• [INSTRUCTIONS TO FOLLOW] Leaving out all pictures, reproduce the entries below exactly, from the first line through the line that contains "24V) / 230V / Typ 6x1026 lumens".

[Records excerpted from a collection]
----

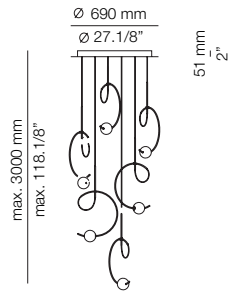

LOOP

LOO_R40S3 - WITH SURFACE CANOPY

FEATURES / CARACTERÍSTICAS

* LED 3x6W (2700K / Ang. 120° / >90 CRI
24V) / 230V / Typ 3x1026 lumens
Driver included / Dimmable Triac

FINISHES / ACABADOS

20 METALLIC GOLD
26 BLACK

EURO €

1685
1535

Other dimming options

CASAMBI for TRIAC driver 671000003
DALI driver 671000101

EURO €

97
102

LOOP

LOO_R70S6 - WITH SURFACE CANOPY

FEATURES / CARACTERÍSTICAS

* LED 6x6W (2700K / Ang. 120° / >90 CRI
24V) / 230V / Typ 6x1026 lumens
Driver included / Dimmable Triac

FINISHES / ACABADOS

20 METALLIC GOLD
26 BLACK

EURO €

3168
3042

Other dimming options

CASAMBI for TRIAC driver 671000003
DALI driver 2 units of 671000101

EURO €

97
204

LUNE

LUN_3370 - OUTDOOR

IP
65

FEATURES / CARACTERÍSTICAS

* LED 10W (2700K / Ang. 120° / >90 CRI)
230V / Typ 870 lumens
Dimmable Triac

FINISHES / ACABADOS

In & Out: 26 BLACK
74 WHITE
Indoor only: 61 SATIN GOLD

EURO €

371
371
422

Signage

Optional laser-cut signage / Minimum order 5 units
Señalización opcional con láser / Pedido mínimo 5 unidades

EURO €

58

Other dimming options

TRIAC Led DALI Dimmer (remote) 671000001

EURO €

102

MAINE

MAI_3410

FEATURES / CARACTERÍSTICAS

* LED 10W (2700K / Ang. 90° / >90 CRI)
230V / Typ 870 lumens / Dimmable Triac

FINISHES / ACABADOS

45 METALLIC COPPER
20 METALLIC GOLD

EURO €

291
291

Other dimming options

TRIAC Led DALI Dimmer (remote) 671000001

EURO €

102

MAINE

MAI_3415S - WITH SURFACE CANOPY

FEATURES / CARACTERÍSTICAS

* LED 10W (2700K / Ang. 90° / >90 CRI)
230V / Typ 870 lumens
Dimmable Triac

FINISHES / ACABADOS

Canopy: 26 BLACK
74 WHITE
Shade: 45 METALLIC COPPER
20 METALLIC GOLD

EURO €

383
383

Other dimming options

TRIAC Led DALI Dimmer (remote) 671000001

EURO €

102

MAINE

MAI_R40S3 - WITH SURFACE CANOPY

FEATURES / CARACTERÍSTICAS
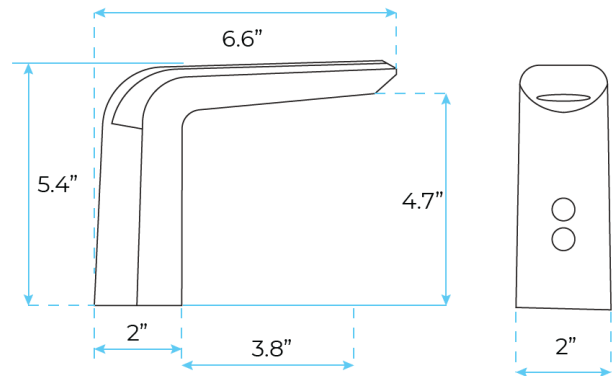

### Specs:

- Power: DC:6V(4AA alkaline battery)
- AC:220V-240V; 50/60HZ
- Water pressure: 0.05 - 0.8 Mpa
- Detection Zone: 30 cm or adjustable
- Motor valve lifespan: up to 500000 flushes
- Battery lifespan: 100000 cycles
- Static Power Consumption: 0.36mw
- Working Power consumption: 0.5mw
- Inductive Opening Time: < 1 second
- Inductive Closing Time: < 2 second
- Dia.of inlet / outlet pipe: G1/2"
- Temperature: 0.1-50°C
- Dia of installing faucet: 33~35mm
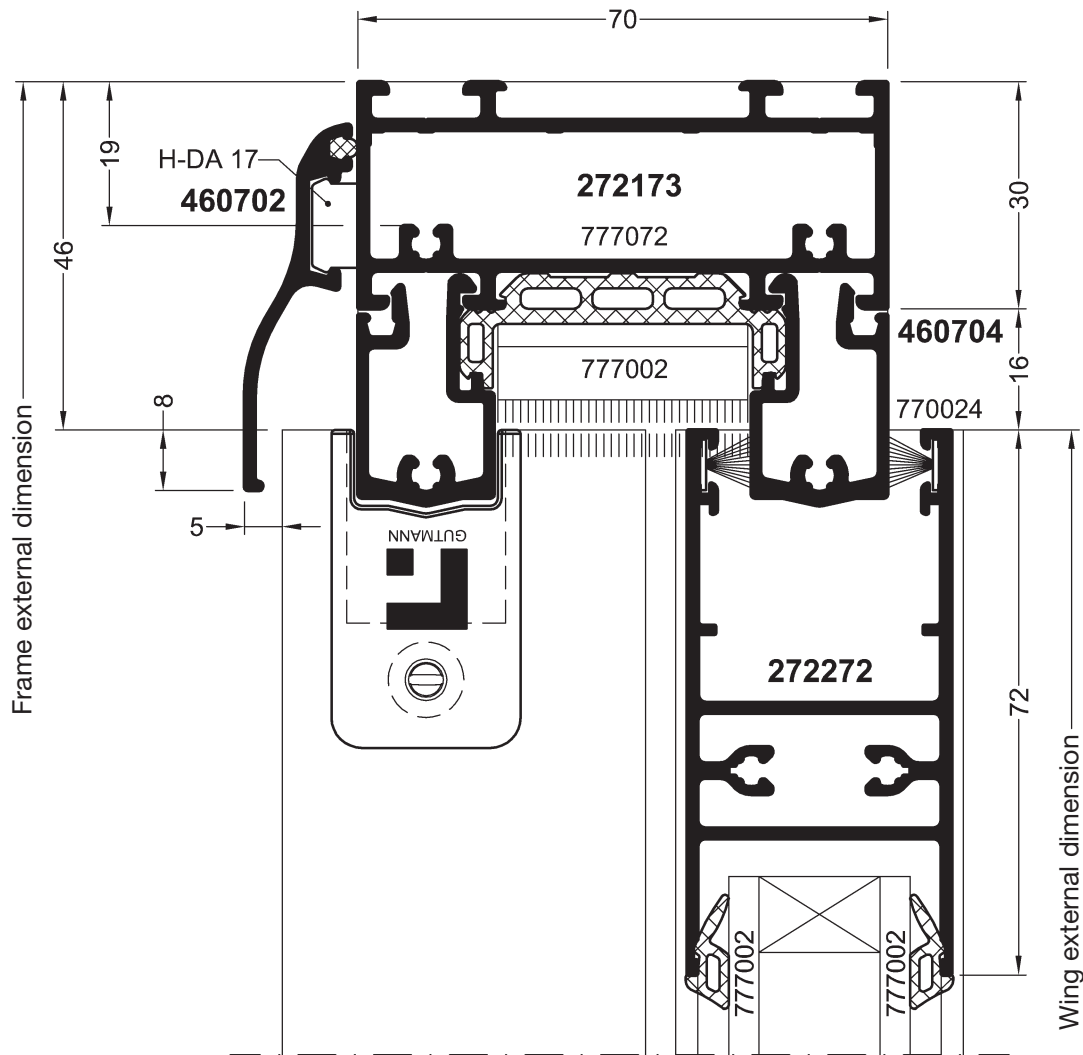

Serie	Bezeichnung	Symbol	Seite	Serie	Bezeichnung	Symbol	Seite
SC70	252142 two-way opening profile		7.1.04	SC70	272271 wing profile vertical		7.1.05
SC70	270173 frame profile		7.1.03	SC70	272272 wing profile horizontal		7.1.05
SC70	270175 frame profile vertical		7.1.03	SC70	272274 fly screen wing profile		7.1.06
SC70	270176 frame profile horizontal		7.1.03	SC70	460026 clip-on holder		7.1.06
SC70	270271 wing profile vertical		7.1.05	SC70	460034 additional profile		7.1.06
SC70	270276 wing profile horizontal		7.1.05	SC70	460701 additional to sash profile		7.1.06
SC70	272271 frame profile vertical		7.1.04	SC70	460702 cover rail		7.1.06
SC70	272172 frame profile horizontal		7.1.04	SC70	460703 additional to frame profile		7.1.03
SC70	270173 frame profile		7.1.04	SC70	460704 additional to frame profile		7.1.03
SC70	272174 fly screen frame profile		7.1.06				

Sliding window bottom intersection with fly screen

Sliding window above intersection with fly screen

SC70

Sliding System SC70

Sliding window bottom intersection

Sliding window left vertical intersection

Sliding window right vertical intersection

Sliding window opening 2, 3 and 4 tracks intersection

Opening for 4 tracks intersection

Sliding window above intersection

Sliding window bottom intersection with fly screen

Sliding window above intersection with fly screen

----

• [RESULT OF THE TASK]
LOOP

LOO_R40S3 - WITH SURFACE CANOPY

FEATURES / CARACTERÍSTICAS

* LED 3x6W (2700K / Ang. 120° / >90 CRI
24V) / 230V / Typ 3x1026 lumens
Driver included / Dimmable Triac

FINISHES / ACABADOS

20 METALLIC GOLD
26 BLACK

EURO €

1685
1535

Other dimming options

CASAMBI for TRIAC driver 671000003
DALI driver 671000101

EURO €

97
102

LOOP

LOO_R70S6 - WITH SURFACE CANOPY

FEATURES / CARACTERÍSTICAS

* LED 6x6W (2700K / Ang. 120° / >90 CRI
24V) / 230V / Typ 6x1026 lumens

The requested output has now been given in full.